"I hope I'm wrong:" Milwaukee alderman fears crime may grow this summer

MILWAUKEE -- "Fearful of what the summer has in store." That is the warning from Milwaukee Alderman Bob Donovan.

Milwaukee Alderman Bob Donovan

"For a longtime now, the Milwaukee Police Department has been operating short staff," Donovan said.

As a member of the Public Safety Committee, Donovan says the Milwaukee Police Department has 120 fewer officers responding to calls for service than this time last year. The number of officers has been on a steady decline since 2008.

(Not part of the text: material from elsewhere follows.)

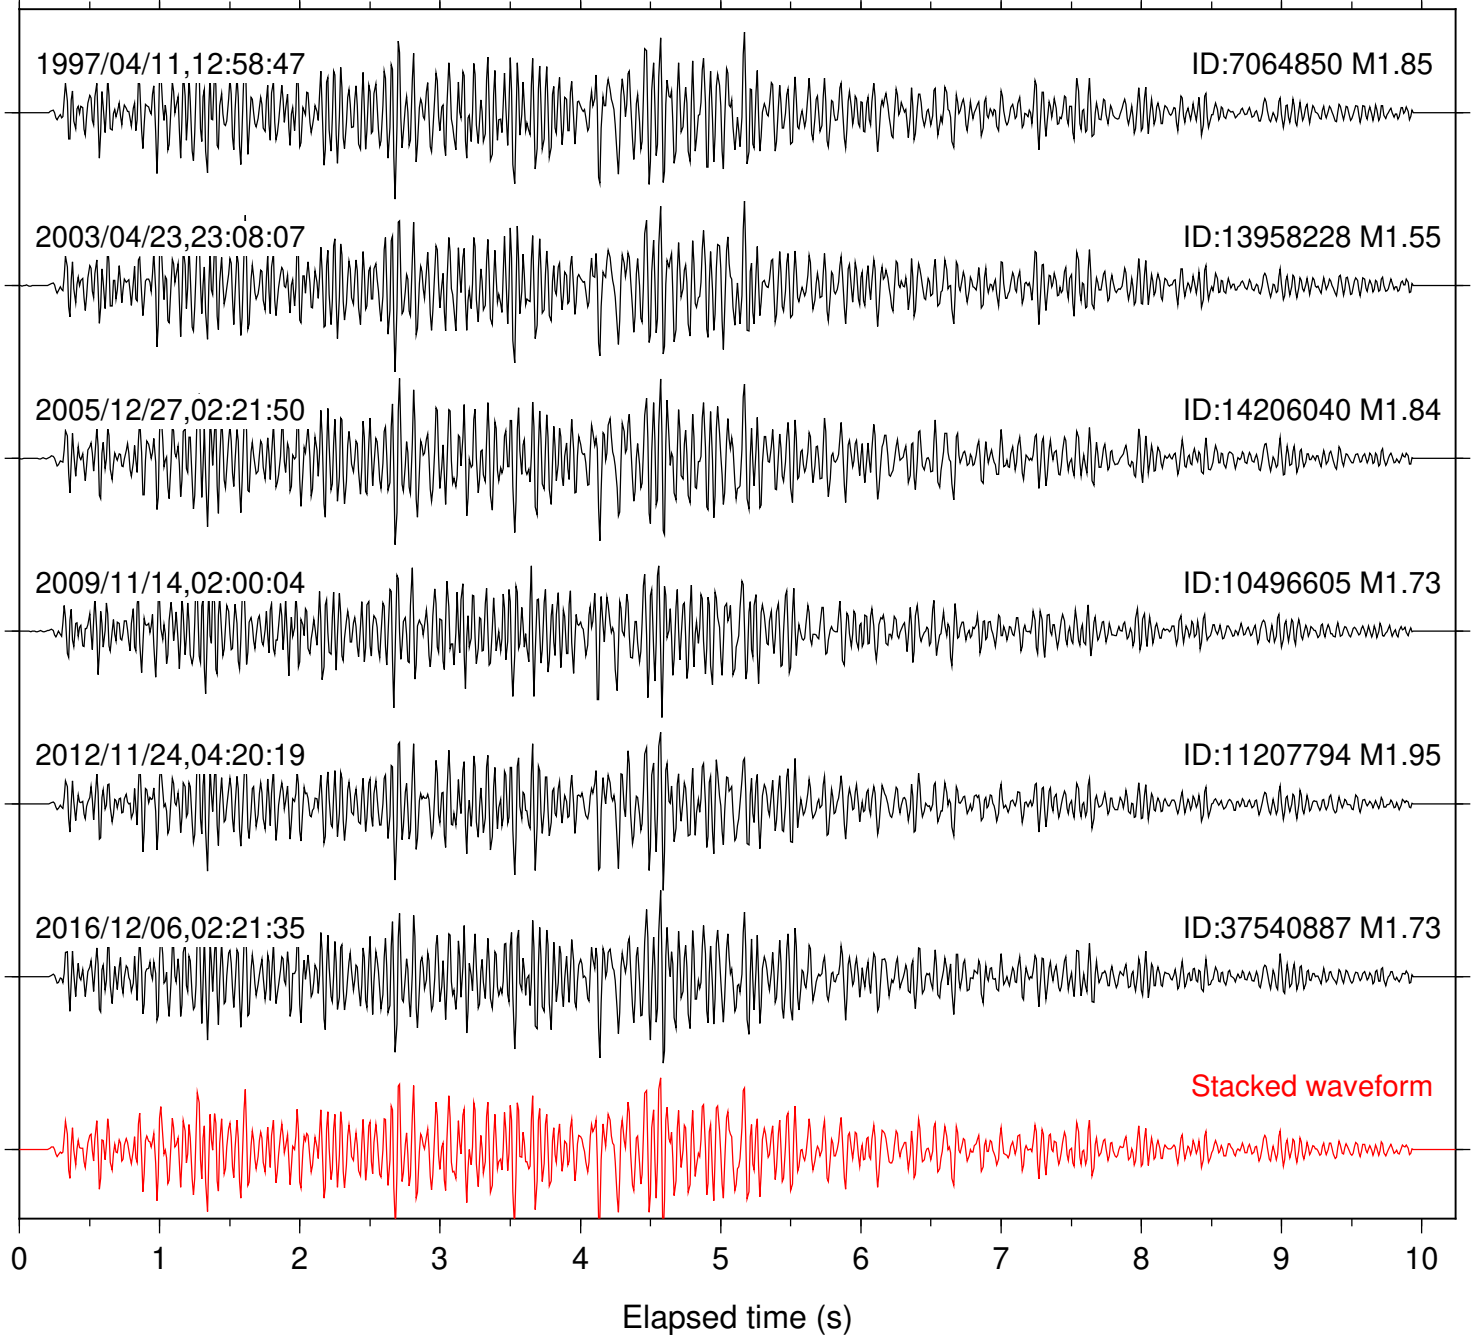

Station: LVA2 Com: HHZ

Focal depth: 11.62 km

"We all realize during the warmer weather, calls for service go through the roof. A lot of activity people are out. Sadly, in a significant number of our, for some of our neighborhoods, that could lead to criminal activity," Donovan said.

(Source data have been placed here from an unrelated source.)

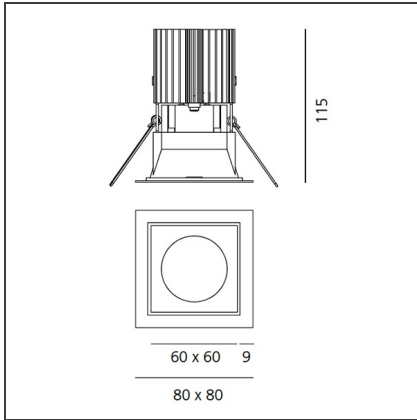

TECHNICAL DRAWINGS

FEATURES

Article Code:	M254060	Material:	aluminium
Colour:	Grey/Black	Series:	Indoor
Installation:	Recessed, Ceiling		

DIMENSIONS

Length:	cm 8	Cutout shape:	Squared
Width:	cm 8	Glow Wire Test:	850
Weight:	kg 0.2		
Recessed depth:	cm 11.5		

INCLUDED SOURCES

Category:	LED	Color temperature (K):	3000K
Number:	1	CRI:	90
Watt:	13W		
Type:	0		
Class:	A		

LUMINAIRE

Watt:	13W	Delivered lumens output (lm):	851lm
Voltage:	220-240 V	CCT:	3000K
		Efficiency:	100%
		Efficacy:	79.8lm/W
		CRI:	90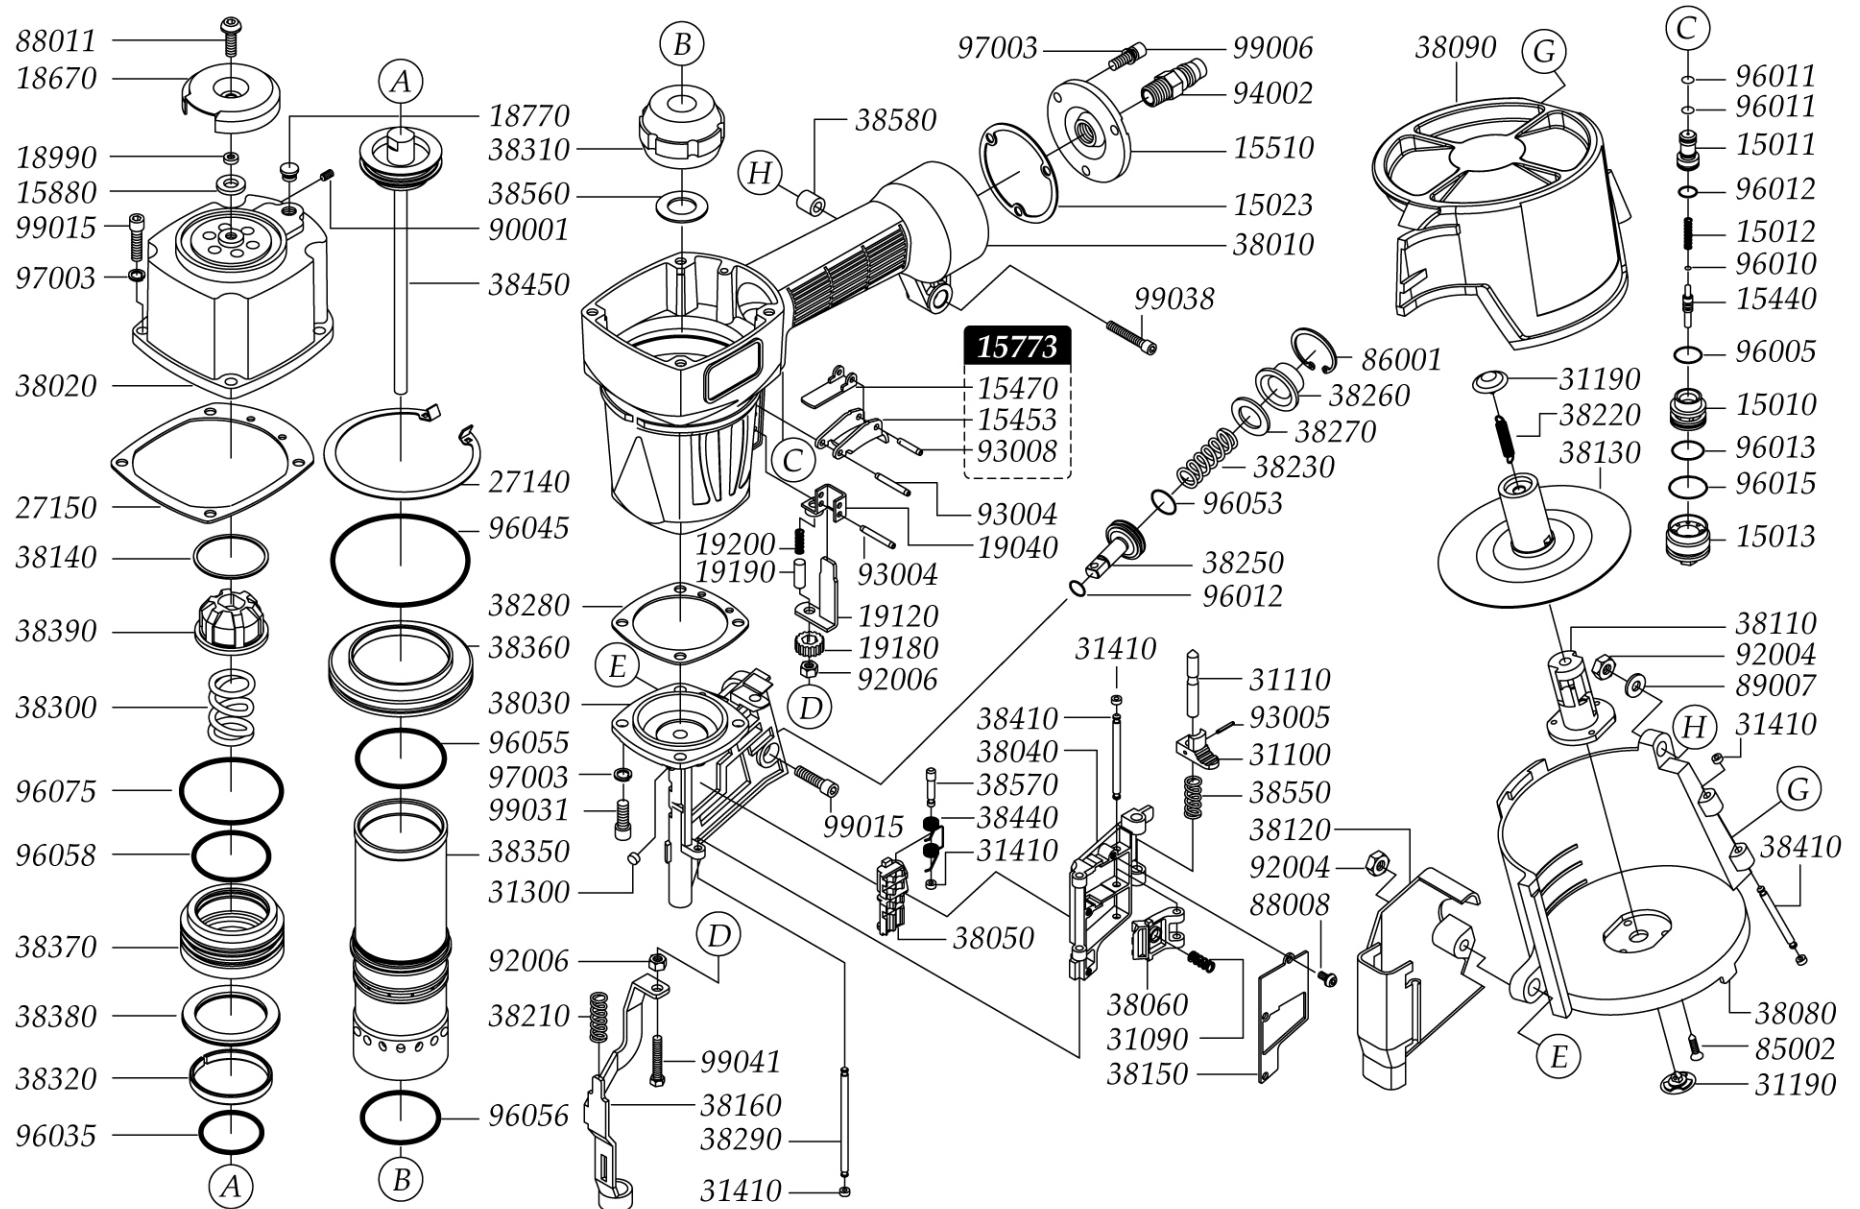

Grex CN70

2-3/4" Length Wire Coil Nailer

EXPLODED DIAGRAM

Grex CN70

2-3/4" Length Wire Coil Nailer

PARTS LIST

Part No.	Description
15010	Trigger Valve Head
15011	Trigger Valve
15012	Spring
15013	Trigger Valve Guide
15023	Inlet Cap Gasket
15440	Trigger Valve Stem
15453	Primary Trigger
15470	Secondary Trigger
15510	End Cap
15773	Standard Trigger Assembly
15880	Seal
18670	Deflector
18770	Dust Cover
18990	Seal
19040	Safety Guide
19120	Safety B
19180	Adjust Wheel
19190	Spring B Sleeve
19200	Safety B Spring
27140	C-Ring
27150	Cap Gasket
31090	Spring
31100	Guide Lock
31110	Button
31190	Cover
31300	Magnet
31410	Retainer
38010	Gun Body
38020	Top Cap
38030	Nose Piece
38040	Door
38050	Feed Pawl
38060	Retainer
38080	Magazine
38090	Magazine Cover
38110	Adjust Post
38120	Nose Cover
38130	Nail Plate
38140	Top Cap Ring
38150	Door Cover
38160	Safety A
38210	Safety A Spring
38220	Nail Plate Spring
38230	Feed Piston Spring
38250	Feed Piston
38260	Feed Piston Cover
38270	Piston Seal
38280	Bottom Gasket

Part No.	Description
38290	Door Pin
38300	Hd Valve Spring
38310	Bumper
38320	Piston O-Ring
38350	Cylinder
38360	Cylinder Spacer
38370	Head Valve Piston
38380	Collar
38390	Head Valve Seal
38410	Magazine / Door Pin
38440	Feed Pawl Spring
38450	Piston Ram Assembly
38550	Guide Lock Spring
38560	Bumper Plate
38570	Feed Pawl Spring Pin
38580	Gun Body Sleeve
85002	Self Drilling Screw
86001	C-Ring
88008	Hex. Soc. Head Screw
88011	Hex. Soc. Head Screw
89007	Washer
90001	Hex. Soc. Head Set Screw
92004	Lock Nut
92006	Lock Nut
93004	Spring Pin
93005	Spring Pin
93008	Spring Pin
94001	Coupling Plug
96005	O-Ring
96010	O-Ring
96011	O-Ring
96012	O-Ring
96013	O-Ring
96015	O-Ring
96035	O-Ring
96045	O-Ring
96053	O-Ring
96055	O-Ring
96056	O-Ring
96058	O-Ring
96075	O-Ring
97002	Spring Washer
97003	Spring Washer
99006	Hex. Soc. Head Screw
99015	Hex. Soc. Head Screw
99031	Hex. Soc. Head Screw
99038	Hex. Soc. Head Screw
99041	Hex. Soc. Head Screw

Milwaukee Alderman Bob Donovan

Donovan says one reason for the decline is officers are retiring at a much higher rate than expected. Increasing funding for the department is another challenge. He fears pending lawsuits against the city and the employee pension system will make it difficult to hire additional officers.

"It's up to this council and this mayor to give the department the resources it needs," Donovan said.

Alderman Donovan says the most common calls for service in the month of April are car crashes, unlawful entry, battery and restraining order violations that are now up 50 percent from the month of March. It's a number Donovan thinks will continue to increase in the summer.

Milwaukee Alderman Bob Donovan

"I hope I'm wrong when I say we're in for a tough summer. But a lot of the evidence points to the fact that we may have some difficult challenges this summer," Donovan said.

Milwaukee Police Chief Ed Flynn issued the following statement on this story:

"The Alderman correctly identifies the challenges MPD confronts balancing sometimes competing demands from the community with the capacity to effectively respond to them. Certainly the wave of retirements was not unpredicted. But the city's ability to 'over fill' police positions in anticipation of these retirements was guided by fiscal constraints. We will continue to hire officers with the support of the Mayor, Common Council and the Fire and Police Commission to address this important issue."

FOX6 News has yet to hear back from Mayor Tom Barrett on the alderman's concerns.